Vous connaissez les deux versions du Renseignement durant la guerre froide ? D’un côté tu as les 100 000 agents de la CIA, de l’autre les 400 000 agents du KGB. Mécaniquement, le KGB engrange 4 fois plus de renseignements que la CIA, sauf que l’Amérique est en avance en informatique et va donc s’ingénier à classer tous ces millions de petites infos via ses ordinateurs, alors que le KGB, débordé par la masse, va stocker ses données dans d’immenses hangars ressemblant à celui où l’on paume l’Arche à la fin des Aventuriers de l’Arche Perdue. Moralité : c’est bien beau de ranger mais si derrière tu ne sais plus ce que tu as rangé, et où…

Tout ça pour dire que j’ai de la suite dans les idées, une détermination, et c’est d’ailleurs ce qui nous vaut d’avoir ici un roman-photo.

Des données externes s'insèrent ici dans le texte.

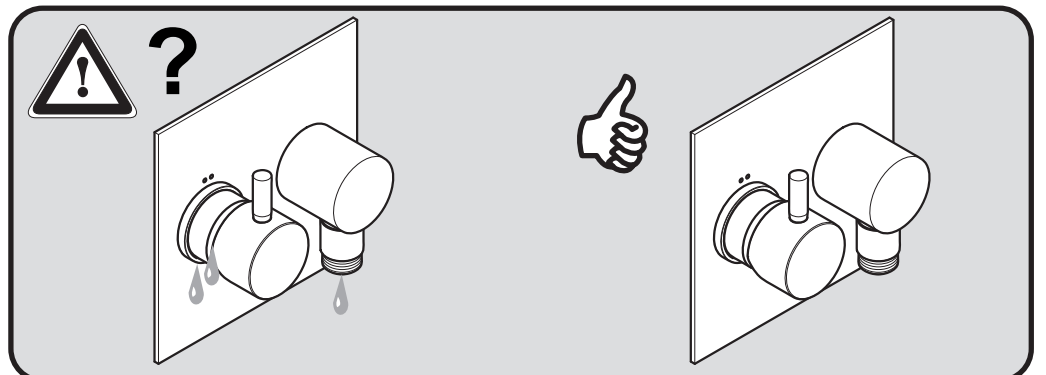

A6 GEOMETRY
 F 1137 .. F 1138 ..

BORMA

0811 / A 866 424
 (+ A 865 665)
 Made in Germany

Ideal Standard International BVBA
 Chaussée de Wavre, 1789 - box 15
 1160 Bruxelles
 Belgium

www.idealstandardinternational.com

Auto-persuasion pour l’écriture ? Peut-être mais je ne suis pas sûr. Ça tient plutôt du… magique – j’aime pas l’idée car je suis un plutôt rationnel -, du magique et du malaise. Magique car, quand j’écris, je pars avec une idée, un axe, c’est préférable pour moi que de partir à l’aveuglette, mais, en cours d’exercice, au clavier, j’ai tendance à quitter mes rails, une idée en bousculant une l’autre, je pars en digression et, en même temps, j’ai  l’impression que les mots ne sont plus les miens mais qu’ils m’arrivent d’ailleurs, d’outre quelque chose, de derrière la tête. Un peu schizo, le mec, non ? Ça, c’est quand tout va bien, qu’il est en forme pour écrire. Parce qu’autrement, il y a le malaise. Le malaise quand ça vient pas, ou quand ça vient en merdasse. Tu le sens, t’es pas content. Malaise aussi et surtout quand t’écris pas. Un sentiment de défaut, de manque, quand l’ennui, la faiblesse, le manque d’énergie et/ou de courage te coupe les pattes et que tu ne fais pas ce qu’il convient de faire, soit ta prédestination.

Et on rejoint ici l’aspect schizo, soit l’autre derrière toi qui lui est prêt à écrire alors que toi tu rechignes, l’autre qui donc te fout des coups de pieds au cul pour que tu t’y mettes.

Tout ça pour donner du sens à la vie alors qu’on sait pertinemment qu’elle n’en a pas. J’envie ceux qui sont prédestinés à lire Harlan Coben et à qui la vie offre un hamac.